23 de mayo de 2018
La Reforma del 18 fue una rebelión estudiantil que supo leer con lucidez aquella hora histórica. Su «Manifiesto liminar» denunciaba y anunciaba la exigencia de un nuevo modelo universitario inscripto en las urgencias universales y latinoamericanas: «Hombres de una república libre, acabamos de romper la última cadena que en pleno siglo XX nos ataba a la antigua dominación monárquica y monástica. Hemos resuelto llamar a todas las cosas por el nombre que tienen. Córdoba se redime. Desde hoy contamos para el país una vergüenza menos y una libertad más. Los dolores que nos quedan son las libertades que nos faltan. Creemos no equivocarnos, las resonancias del corazón nos lo advierten: estamos pisando sobre una revolución, estamos viviendo una hora americana». El proverbio que –con sabiduría– señala que «lo único seguro es el futuro porque el pasado cambia todo el tiempo» nos interpela para pensar cuál es la vigencia de aquel fértil movimiento estudiantil que proclamó el fin de una universidad clerical del privilegio y promovió la creación de una universidad democrática, científica, popular y latinoamericanista. En 2008, la Conferencia Regional de Educación Superior, realizada en Cartagena de Indias, Colombia, definió a la educación superior como «un bien público, un derecho humano y universal y un deber del Estado». Este mandato fue recogido en Argentina y el Congreso Nacional sancionó en octubre de 2015 la Ley de Implementación Efectiva de la Responsabilidad del Estado en el nivel de Educación Superior (Nº 27.204). Estas definiciones institucionales y legales recogen buena parte del mandato reformista dirigido a la democratización de la universidad.
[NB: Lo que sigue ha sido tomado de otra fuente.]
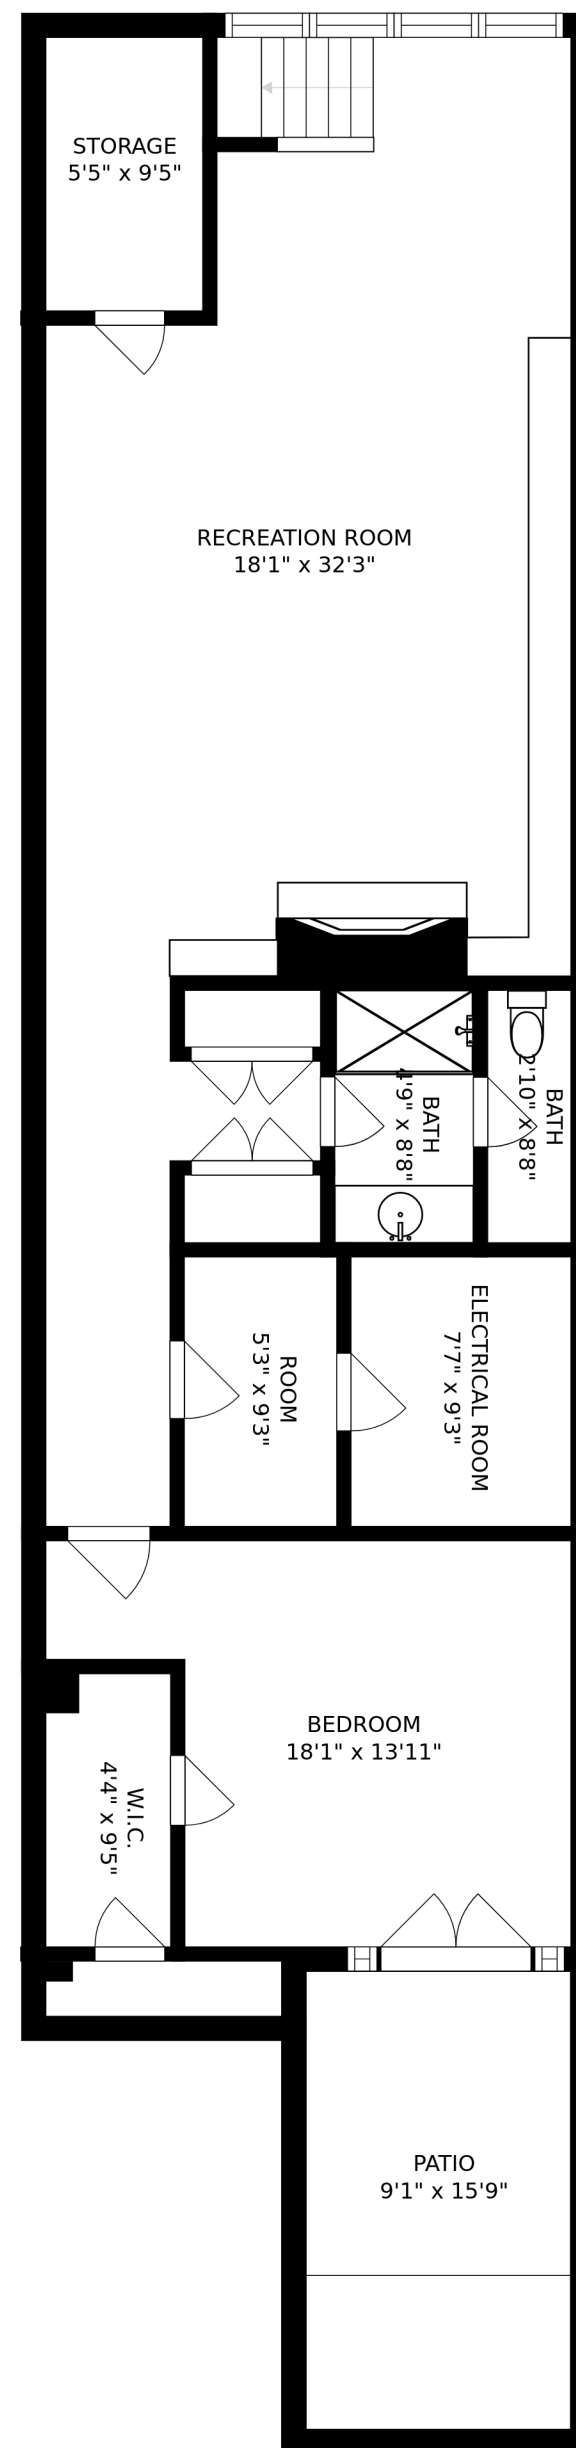

FLOOR 1

FLOOR 2

FLOOR 3

FLOOR 4

SIZES AND DIMENSIONS ARE APPROXIMATE, ACTUAL MAY VARY.

SIZES AND DIMENSIONS ARE APPROXIMATE, ACTUAL MAY VARY.

ROOF-TOP DECK
19'0" x 19'4"

SIZES AND DIMENSIONS ARE APPROXIMATE, ACTUAL MAY VARY.

SIZES AND DIMENSIONS ARE APPROXIMATE, ACTUAL MAY VARY.

SIZES AND DIMENSIONS ARE APPROXIMATE, ACTUAL MAY VARY.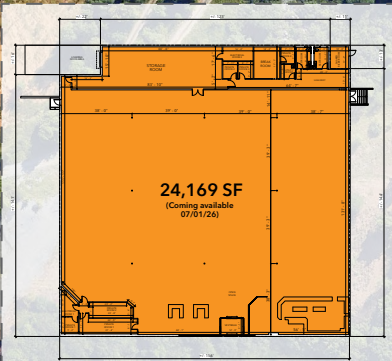

MARC MONOCACY STATION PARK & RIDE

PAD SITE AVAILABLE

GENSTAR DR

355

URBANA PIKE 23,042 AAWDT

URBANA PIKE

355

Site Plan Key

- LEASED
- AVAILABLE
- UNDER NEGOTIATION
- NOT PART OF SUBJECT PROPERTY

200 FEET

SPECTRUM DR

HOLIDAY DR

NEW HORIZON WAY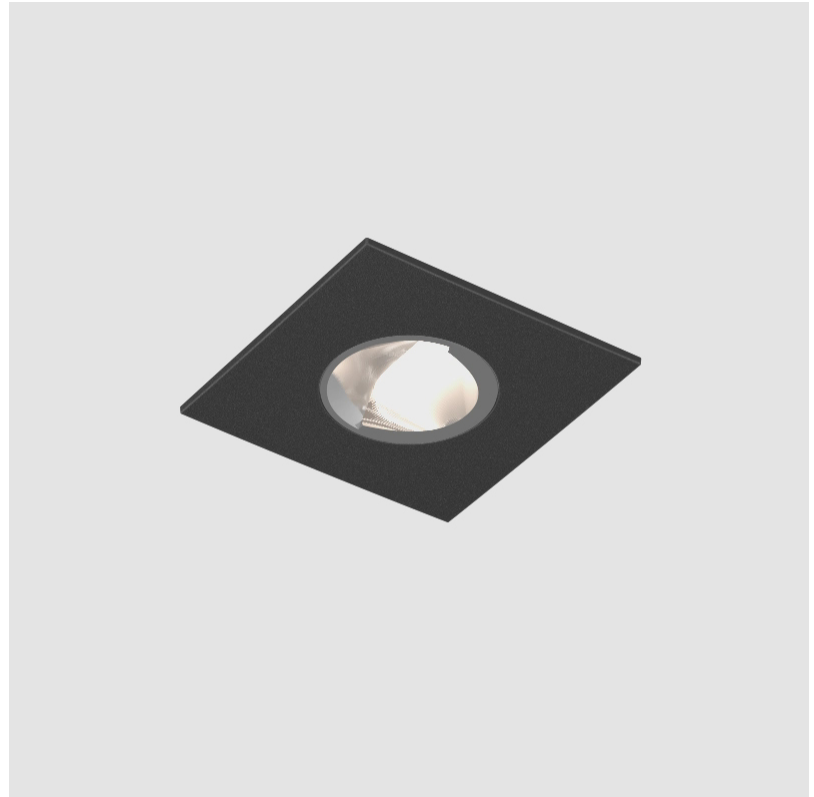

GENERAL

Series: Oiko Pro Square
Subseries: Oiko Pro Square Wallwash
Partner: Prolicht
Division: Architectural
Installation: Recessed
Product Type: Downlight
Mounting Location: Ceiling
Light Distribution: Downlight

PHYSICAL

Aperture Sizes - Downlights: 1"
Shape: Square
Length (mm): 75
Length (in): 2 ¹⁵/₁₆"
Width (mm): 75
Width (in): 2 ¹⁵/₁₆"
Height (mm): 101
Height (in): 4
Ceiling Thickness (mm): 1 - 25
Ceiling Thickness (in): 1/16 - 1 3/16
Min. Recessing Depth (mm): 105
Min. Recessing Depth (in): 4 ¹/₈"
Weight (kg): 0.343
Fixture Finish: SSR / BKV / CWI / CRY / HAB / UFT / ITA / RUA / FTG / MYG / LOD / PUS / FRO / FUP / KIA / POP / BLS / SPG / MEY / GOH / CHC / COM / ABZ / JAG / OBR / MOS / ROR
Fixture Material: Aluminum Die Cast
Cut-out Measurements: D. 68mm / 2 11/16"

ELECTRICAL

Lamp Type: LED (Zhaga Standard)
Input Wattage (W): 23.5
Total Output Wattage (W): 21.9
Dimming: Tri-Mode (Non-Dimming and Phase Dimming (120Vac only) and 0-10V Dimming)
Driver Included: No
Driver Location: Recessed Housing
Driver Type: Constant Current - Universal
Driver Class: Class 2
Input Voltage (V): 120 - 277
Constant Current (MA): 600

LED

Number of LEDs: 1
Color Temperature (°K): 2700 / 3000 / 3500 / 4000
Max. Delivered Lumen (lm): 1945 / 2014 / 2108 / 2128
Nominal Lumen (lm): 2341 / 2424 / 2537 / 2561
CRI: >90 CRI
Lamp Life (hrs): 50000

OPTICAL

RATINGS AND CERTIFICATIONS

Certified By: Certified for North American Standards
IP rating: IP20

El siglo XXI, escenario de la reactualización del proyecto de Patria Grande, interpela a las comunidades universitarias, a las organizaciones sociales y culturales, a los partidos políticos y a los poderes del Estado acerca de qué universidad necesita nuestro tiempo.
En agitadas coyunturas históricas de transición es imperioso recuperar el legado de ese fértil acervo abierto en 1918: una universidad sensible y atenta a los problemas nacionales y sociales, una institución democráticamente gobernada, una epistemología del sur y desde el sur, abierta al pueblo, un proyecto colectivo con aportes específicos vinculados a la producción de conocimientos valiosos, a la formación de profesionales comprometidos, a la ligazón con el desarrollo armónico de un sistema educativo formador de pueblos y repúblicas. Las actuales orientaciones tecnocráticas y mercantilistas que campean en el plano mundial, regional y nacional están lejos de dar solución a una supuesta y nunca fundamentada crisis universitaria.
El desfinanciamiento y la descalificación de la universidad y la ciencia soberanas no hacen sino generar plataformas de resistencia y de construcción alternativa. Hoy, como en 1918, la universidad debe y puede ser reinventada entre los huracanados vientos de una historia que no ha finalizado.